Eventually, the elevated risk of flood events in this landscape required an account for its economic impact. The frequency of flood risk can be obtained by regional maps, available in most of European regions, or by specific studies at higher detail. However, to take into account the flood risk in economic evaluations, few assumptions should be made. In elevated risk areas, where the flood return time is less than 20 years, it is assumable that a complete loss of crop yield and damages to land (erosion channels, deposition of material) could occur once during a farmer’s working activity. For this reason, the price of elevated flood risk areas should be discounted from the costs for land recovery and yield damage.
The final result of this work reported on the map of variation from mean land value (ΔLMv), calculated for each parcel (Figure 10e), according to internal STU spatial variability. The only productivity land value (ΔYv) that showed higher differences between the STUs than the final ΔLMv, was mainly because the highest productivity STUs (ISN and GIA) had lower CS30s than the local average, and were in an elevated risk area. These negative conditions tended to slightly decrease the land value, limiting the economic differences between the southern and northern block, the latter characterized by a higher CS30 and no flood risk.

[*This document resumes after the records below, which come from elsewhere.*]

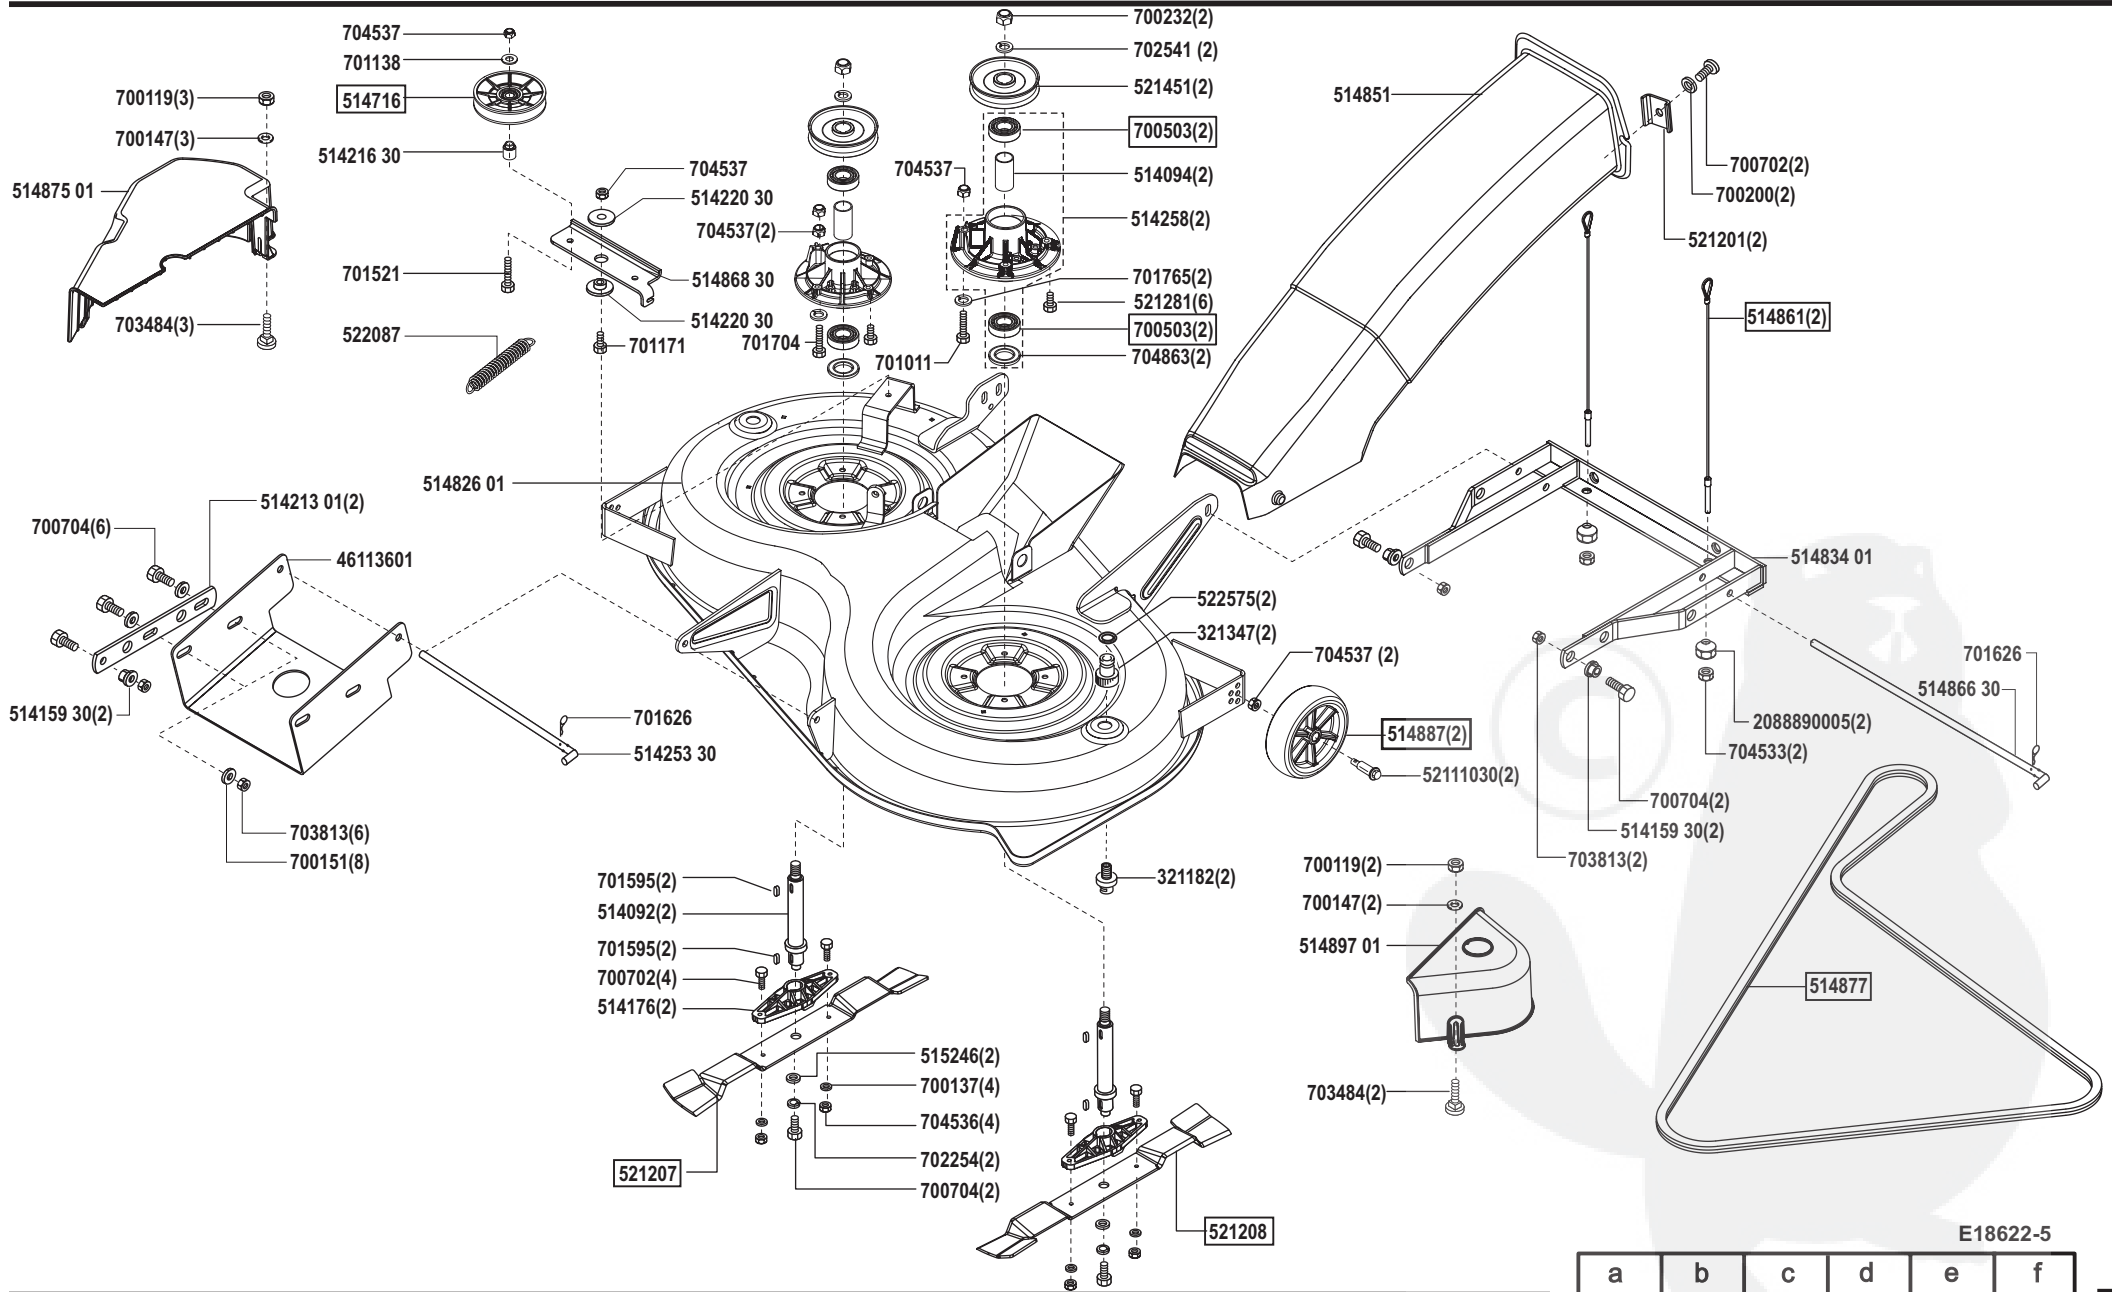

Power Line T 18-102 HD

Art. Nr. 118622

E18622-1

a	b	c	d	e	f
10/04					

Power Line T 18-102 HD

Art. Nr. 118622

E18622-2

a	b	c	d	e	f
---	---	---	---	---	---

Power Line T 18-102 HD

Art. Nr. 118622

E18622-3

a	b	c	d	e	f
---	---	---	---	---	---

Power Line T 18-102 HD

Art. Nr. 118622

E18622-4

a	b	c	d	e	f
---	---	---	---	---	---

Power Line T 18-102 HD

Art. Nr. 118622

a	b	c	d	e	f
---	---	---	---	---	---

Power Line T 18-102 HD

Art. Nr. 118622

E18622-6

a	b	c	d	e	f
---	---	---	---	---	---

Power Line T 18-102 HD

Art. Nr. 118622

E18622-7

a	b	c	d	e	f
---	---	---	---	---	---

Power Line T 18-102 HD

Art. Nr. 118622

ALKO

Garten+Hobby

a	b	c	d	e	f
---	---	---	---	---	---

Further studies should be done to quantify the farm scale economic impact of other soil ecosystem services, like water purification, contaminant reduction, and nutrient cycling [9,16,58]. These functions are strongly related to several soil features like soil texture, internal drainage, pH, CEC and microbial activity [58,59,60]. In prospect, policies should be taking into account soil spatial variability, and the effect of the different soil features. For example, the EU directive concerning the protection of waters against nitrate pollution from agricultural sources (Council Directive 91/676/EEC) actually does not consider soil features, but only the distance from aquifers, although many researchers have shown how different physical-hydrological soil characteristics can affect water purification function and contaminant reduction [61,62,63].

5. Conclusions

The methodology used in this work allowed for an assessment of the economic land evaluation at a high detail of irrigated croplands in the Po River Plain, taking into account the soil functions of biomass production and carbon stock, as well as land depreciation due to elevated flood risk. The results of this work showed that:
-
Soil features and their associated functions can strongly vary within a land parcel and, in general, within a farm.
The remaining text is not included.